During the Obama administration, the EPA became a lawless organ of federal power, divorced from the Congressional statutes that were meant to constrain it. If it is to be reformed, it will need the steady hand of someone who understands just how thoroughly it has gone astray. Enter Oklahoma Attorney General Scott Pruitt, a man who has spent the last six years pushing back on the EPA's most egregious overreaches.
Given Pruitt's recent role as EPA antagonizer-in-chief, it's little wonder that some on the left have responded with howling rage to his nomination. How, they ask, can a man who has repeatedly sued the EPA now be tapped to lead it?
But even a cursory review of some of the EPA's actions over the last few years shows that only someone who thoroughly understands why the EPA is broken can hope to fix it.
Consider the EPA's Waters of the United States rule, a power grab that would have allowed the EPA to regulate
nearly every stream and dry river bed in the country. The rule was so expansive that the EPA felt it necessary to specifically exclude from its jurisdiction the puddles
that form in your front yard after a rainstorm.
Subpoenaed internal documents revealed
the Army Corps of Engineers warned the EPA that the rule had "serious flaws" that rendered it "legally vulnerable, difficult to defend in court, difficult for the Corps to explain or justify, and challenging for the Corps to implement." Not only did the EPA promulgate the rule despite these warnings, it spent taxpayer dollars
on what the Government Accountability Office would later call an illegal "covert propaganda" effort to sell the rule to the public.
But the EPA's water rule was small potatoes compared to the regulation that was to be the Obama administration's crowning environmental achievement — the Clean Power Plan. When President Obama ran for office in 2008, he vowed to implement a cap-and-trade system that would bankrupt anyone who dared to build
a coal-fired power plant in the United States, a move that would lead inexorably to the end of the coal industry as a whole.
That plan died in Congress, but the dream of a coal-free America didn't die with it.
So in August 2015, the EPA unveiled new regulations that would accomplish
by executive fiat what couldn't be accomplished through legislation. That the EPA engineered an end run around Congress should be enough to set alarm bells ringing. The agencies of the federal government have no power that has not been granted to them.
The EPA cannot decide to "fill a gap" where Congress has not seen fit to act. Otherwise, we no longer live in a representative democracy, but rather an oligarchy of agency bureaucrats.
Fortunately, EPA overreach did not go unnoticed or unchallenged. A coalition of state attorneys general, including Scott Pruitt, took the EPA to court. I know those efforts well; in my role as Deputy Solicitor General, part of my job is to coordinate Alabama's participation in these lawsuits. So far, we've been successful. The Sixth Circuit Court of Appeals issued a nationwide stay
of EPA's Waters of the United States Rule. And the Supreme Court, in one of Justice Scalia's last official acts, granted a similar stay
of the Clean Power Plan.
These were high-profile setbacks for the EPA, and the agency's failure to adhere to the rule of law cost untold taxpayer dollars and wasted thousands of manhours expended by EPA scientists, lawyers, and staff. If the EPA is to successfully pursue its important mission, something has to change. And who better to restore the EPA's adherence to the law than a man who has beaten it in court?
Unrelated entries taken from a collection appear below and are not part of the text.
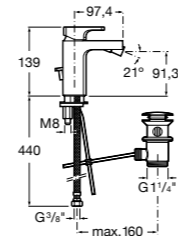

L90

5A6001C00 Смеситель для биде с регулятором направления потока, донным клапаном и гибкой подводкой.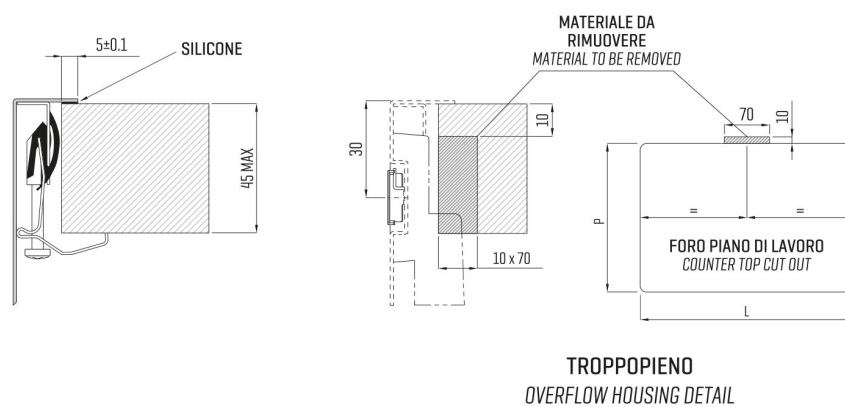

ARTINOX

Installazione
Installation type

Sopratop
Top mount

Codice
Code

SAPRI34

Dettagli tecnici
Technical details

*Artinox Spa si riserva il diritto di modificare le caratteristiche dei prodotti in qualsiasi momento. I dati tecnici, le illustrazioni e le informazioni non sono vincolanti. Artinox Spa non è responsabile per eventuali errori. Prima della foratura, verificare che l'articolo e le dimensioni corrispondano all'ordine.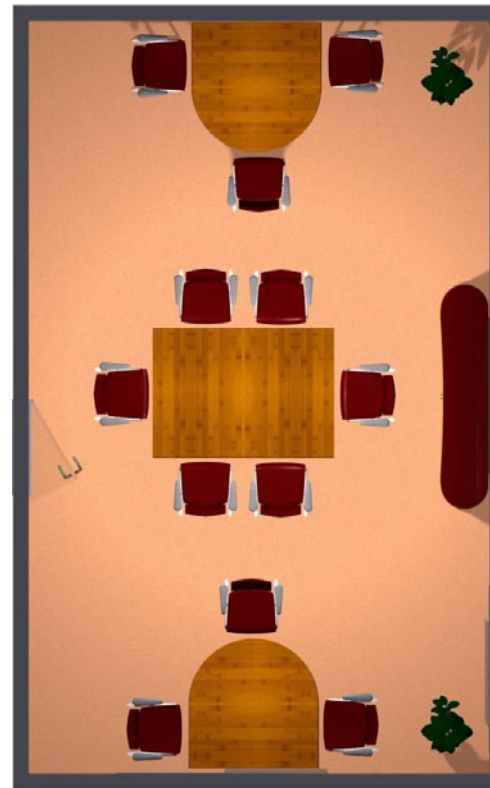

Planungsbeispiele -
sample plannings

mögliche Stellvarianten

Einrichtungsvariante: 01
Berater: HÜSLER & FREI RÄUME AG

VSPB – Besprechungsraum 01

**Planungsbeispiele -
sample plannings**

**mögliche Stellvarianten mit dem
Programm flexi-conference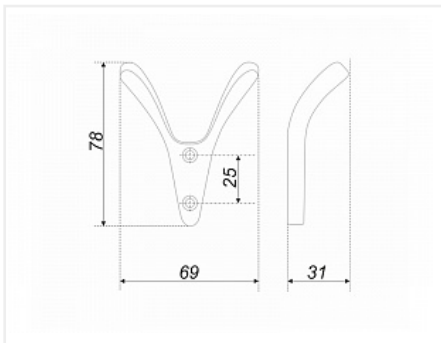

Крючок мебельный SENATOR K212CP.2, двухрожковый, хром полированный, Boyard

Модификации:	крючок SENATOR
Параметры модификаций:	Цвет
Тип крючка:	Крючок двухрожковый
Общий цвет:	серый
Производитель:	Boyard
Цвет:	хром полированный
Количество в упаковке:	25 шт

Код: 195819 Артикул: K212CP.2

Распродажа

Ваша цена: Розница

551.66 руб./шт

Дополнительные изображения:

Описание

Крючок SENATOR в форме «V» является ярким представителем минимализма, в котором на первый план выходят лаконичность и функциональность. В чёрном варианте модель составит пару большому многообразию ручек строгого дизайна и такого же оттенка. Благодаря продуманной, компактной форме SENATOR будет одинаково хорошо смотреться в домашних и офисных помещениях.

Максимально допустимая нагрузка составляет до 10 кг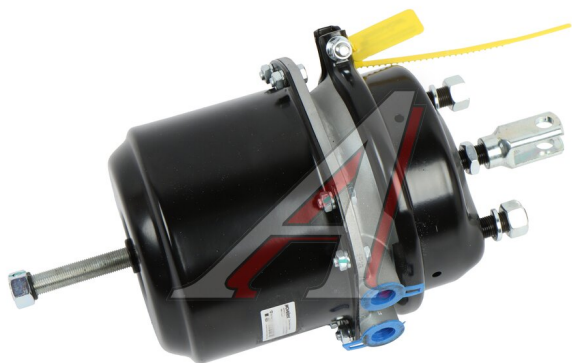

Камера тормоза SITRAK HOWO MOVELEX

Код для заказа: **801509**

Артикул: **WG9000360910-MX**

O3 2526.62

O2 2577.25

O1 2629.1

P3 3400

Характеристики

Код для заказа	801509
Артикулы	WG9000360910
Каталожная группа	Механизмы управления, ..Тормоза
Ширина, м	0.235
Высота, м	0.32
Длина, м	0.625
Вес, кг	11.3
Код ТН ВЭД	8708309909

Параметры

Не обновлять цены на WB Да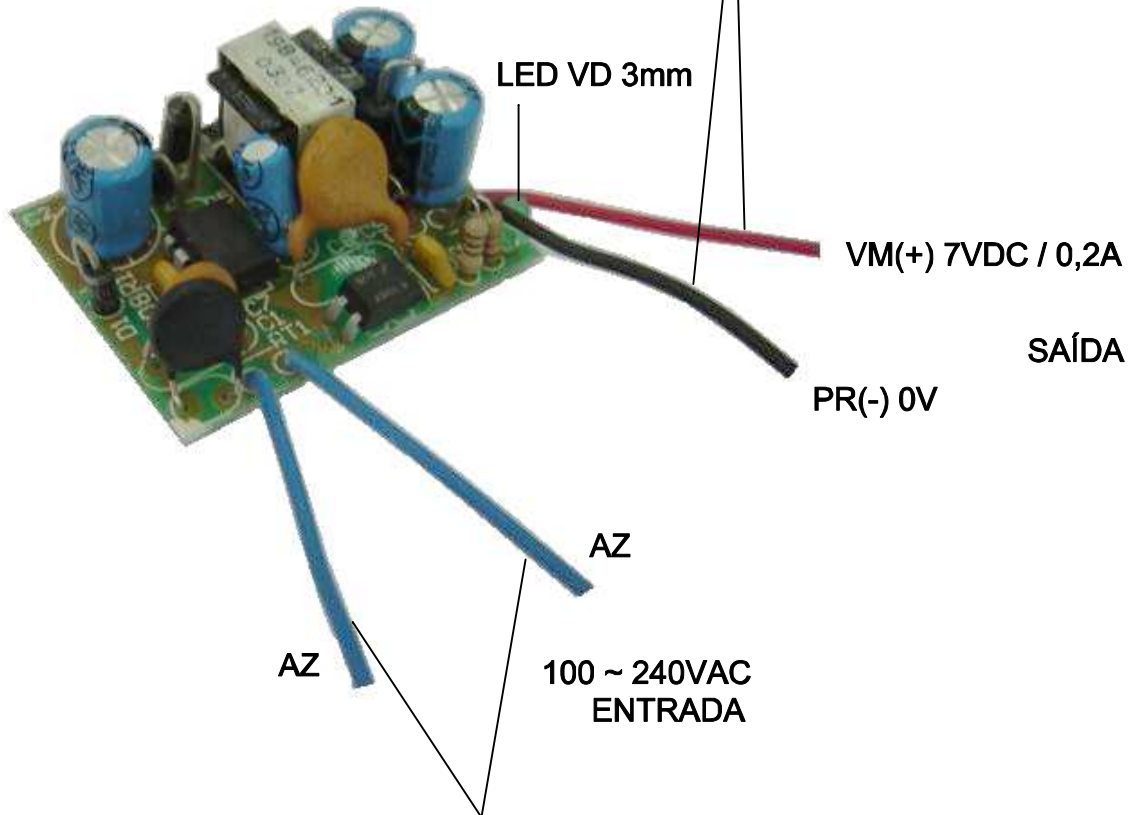

CABOS COM 140mm ± 5mm DE COMPRIMENTO

CABOS COM 100mm ± 5mm DE COMPRIMENTO

DIMENSÕES EM: [ mm ]

A	B	C	D	E
41.5±0.5	31.5±0.5	18.6±.5	13.5±0.5	15.1±.5

 <b>TECNOTRAFO</b>		DOC. Nº	108
<b>DIAGRAMA DE LIGAÇÃO</b>			
CLIENTE		TECNOTRAFO	
		CODIGO	136.506.01
DESCRIÇÃO		PLACA	B-208
FONTE AC/DC E.100~240VAC S.7VDC/0,2A		REV.	01
DATA:	16/06/10	AUTOR:	HIKISON
		CONFERIDO:	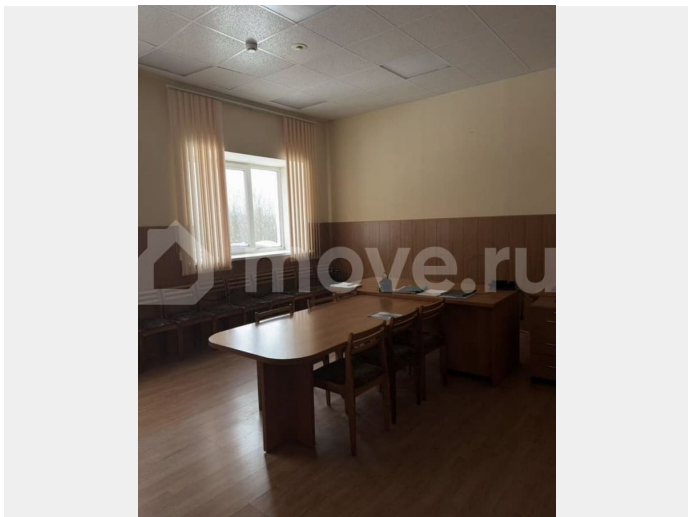

пункты - автоматический шлагбаум. Аренда напрямую от собственника, без посредников.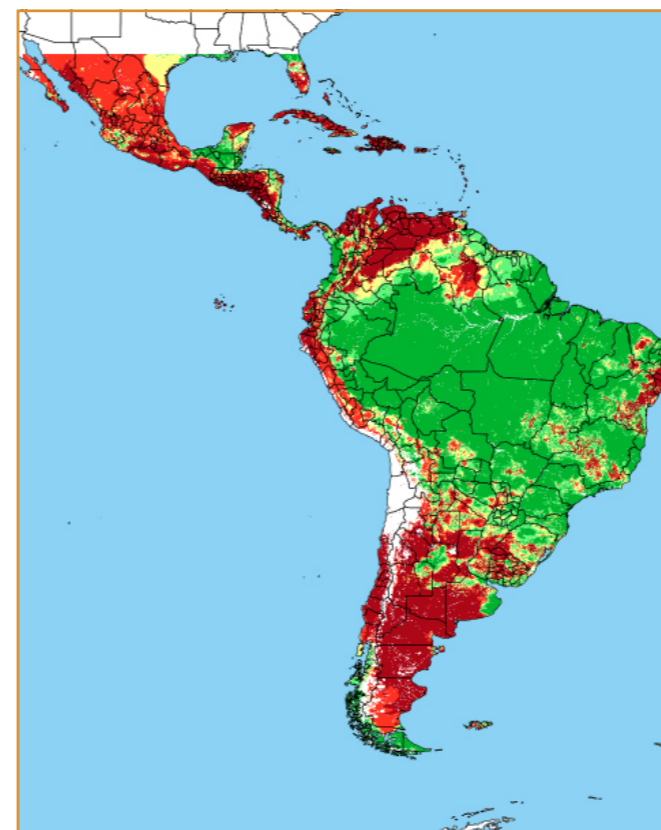

FEVEREIRO / 2018						
D	S	T	Q	Q	S	S
				32	33	34
35	36	37	38	39	40	41
42	43	44	45	46	47	48
49	50	51	52	53	54	55
56	57	58	59			

CALENDÁRIO JULIANO

domingo, 11 de fevereiro

segunda-feira, 12 de fevereiro

terça-feira, 13 de fevereiro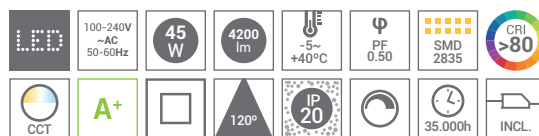

### REF101192

**Función memoria**  
Memory function  
Fonction mémoire  
Função memória

**Temperatura de color regulable**  
Adjustable colour temperature  
Température de couleur ajustable  
Temperatura de cor regulável

**Regulable**  
Dimmable  
Ajustable  
Regulável

**COLOR** Blanco

**MATERIAL** Aluminio+acrílico

**COLOUR** White

**MATERIAL** Aluminium+acrylic

**COULEUR** Blanc

**MATÉRIEL** Aluminium+acrylique

**COR** Branco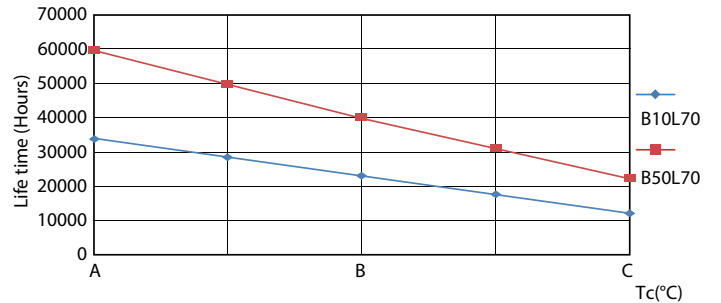

General uniform lighting - MAS LEDtube HF 1500mm HO 26W 830 T5 OE

MASTER LEDtube InstantFit HF T5

Fotometrische gegevens

Light Distribution Diagram - MAS LEDtube HF 1500mm HO 26W 830 T5 OE

Levensduur

Life Expectancy Diagram - MAS LEDtube HF 1500mm HO 26W 830 T5 OE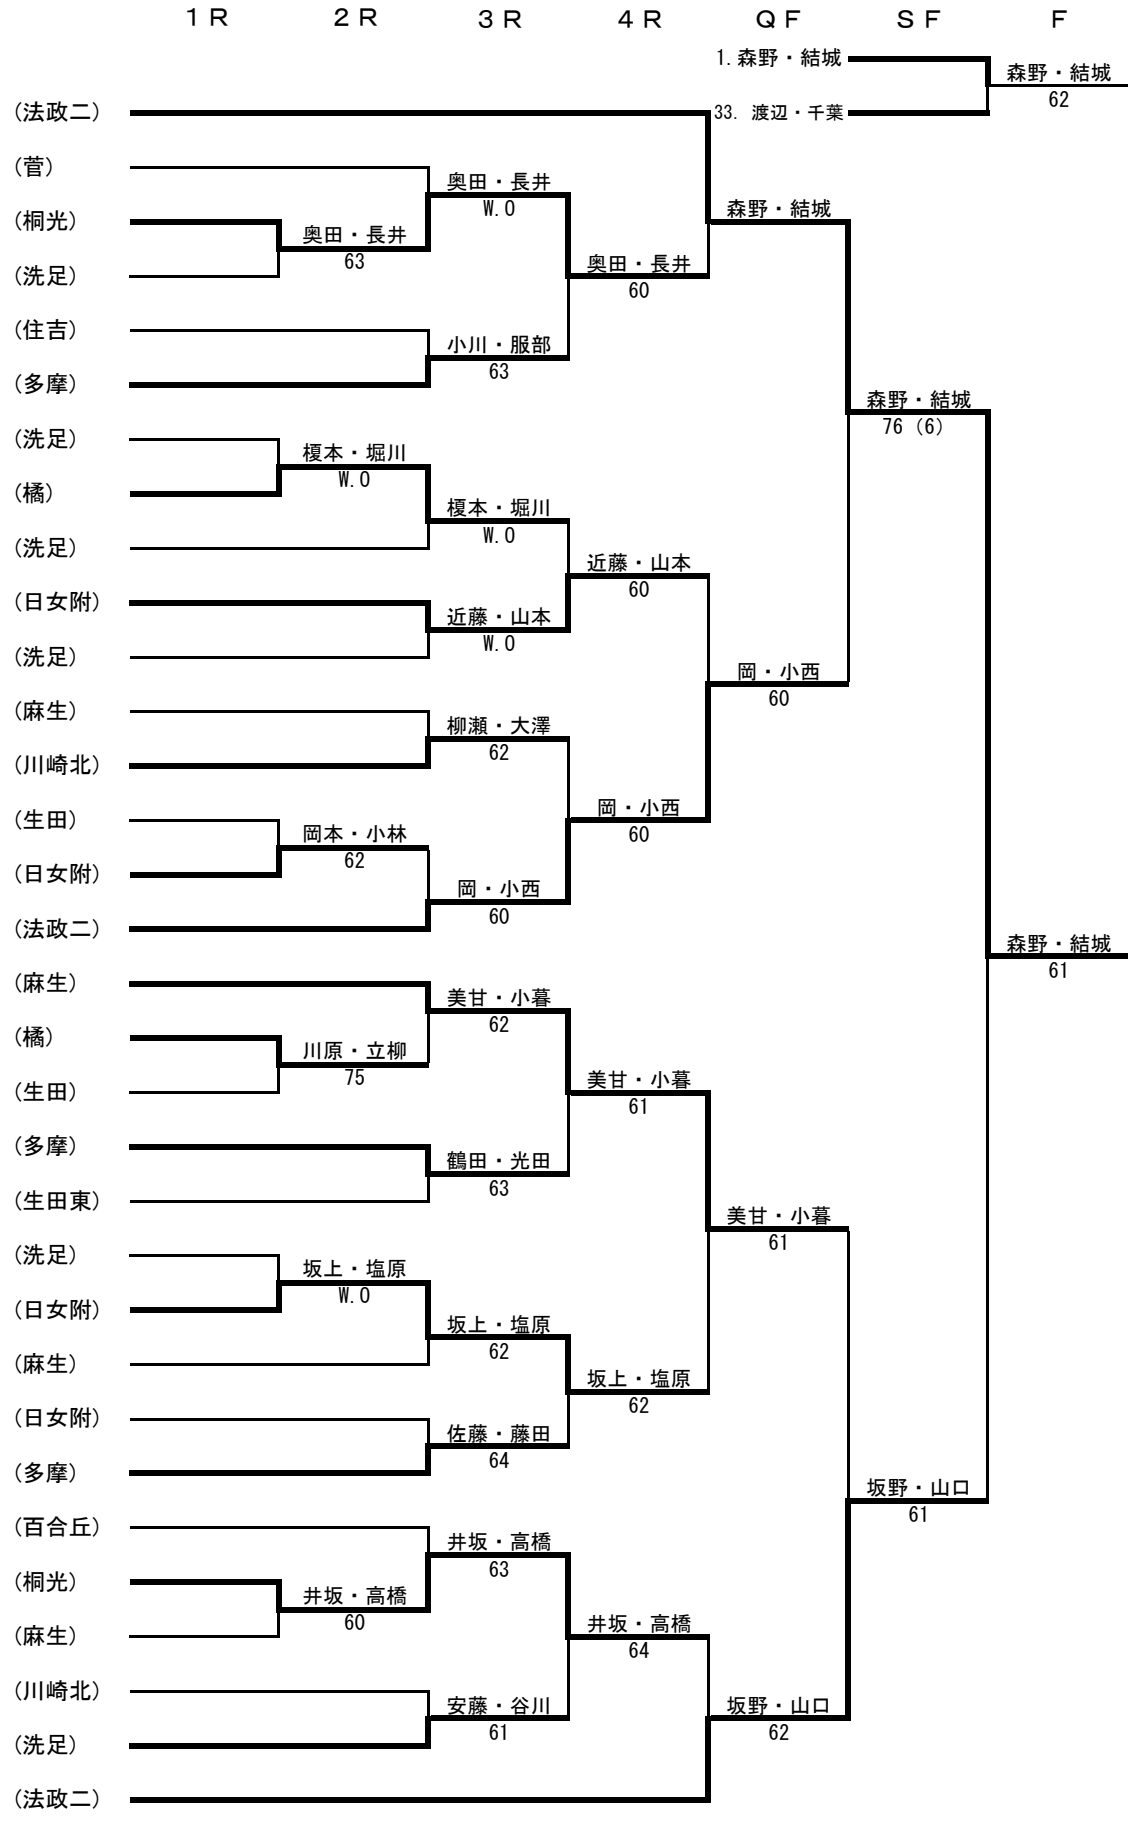

第47回川崎市民テニス選手権大会 ダブルス・高校の部

女子 1

- ① 1 森野 結城 (法政二)
- 2 押切 根木 (菅)
- 3 奥田 長井 (桐光)
- 4 名倉 山田 (洗足)
- 5 揚田 中島 (住吉)
- 6 小川 服部 (多摩)
- 7 宇津木 栗林 (洗足)
- 8 榎本 堀川 (橘)
- 9 金谷 北村 (洗足)
- 10 近藤 山本 (日女附)
- 11 且 菊池 (洗足)
- 12 太田 牧村 (麻生)
- 13 柳瀬 大澤 (川崎北)
- 14 廻谷 黎 (生田)
- 15 岡本 小林 (日女附)
- ⑧ 16 小西 (法政二)
- ⑤ 17 美甘 小暮 (麻生)
- 18 川原 立柳 (橘)
- 19 岡西 渡 (生田)
- 20 鶴岡 光田 (多摩)
- 21 伊藤 松野 (生田東)
- 22 村上 清水 (洗足)
- 23 塩原 津林 (日女附)
- 24 祐 中 (麻生)
- 25 内藤 藤田 (日女附)
- 26 藤田 上野 (多摩)
- 27 武石 坂高橋 (百合丘)
- 28 井高橋 島 (桐光)
- 29 鹿林 川 (麻生)
- 30 武川 塚藤 (川崎北)
- 31 安藤 谷川 (洗足)
- ④ 32 坂野 山口 (法政二)

第47回川崎市民テニス選手権大会 ダブルス・高校の部

女子 2

1 R      2 R      3 R      4 R      Q F      S F      F

Rather than attempt to answer that question, Pruitt's opponents have resorted to character assassination, pulling out one of the biggest guns in their arsenal. Pruitt, they claim
, is a climate change denier, which in environmentalist circles is akin to being branded a witch or a high heretic. In the old days, Pruitt would be in danger of being burned at the stake — were it not for the carbon emissions.
What is the basis for this charge? Pruitt recently published an op-ed
in which he argued other attorneys general shouldn't use their prosecutorial powers to silence skeptics of climate change, calling instead for open debate about the "degree and extent of global warming and its connection to the actions of mankind." That op-ed neatly sums up Pruitt's position on climate change: debate on the causes and consequences of global warming — and what if anything we should do about it — should be encouraged rather than silenced.
But in the eyes of his critics, that position is akin to claiming the earth is flat. And along with his willingness to hold the EPA accountable to the law, it is enough to vigorously oppose him.
Given the weak case against him, it is imperative that Republicans in the Senate rally to Pruitt's cause. They cannot allow his nomination to be scuttled because of his adherence to the rule of law and his assertion that free people in a free country should be able to challenge climate change dogma without fear of prosecution.
And while Pruitt's enemies would never admit it, in the long run his confirmation would be good for the environment. Under his stewardship, the EPA can begin to implement policies that adhere to the mission of the agency and, just as importantly, can stand up in court.
What a welcome change that would be.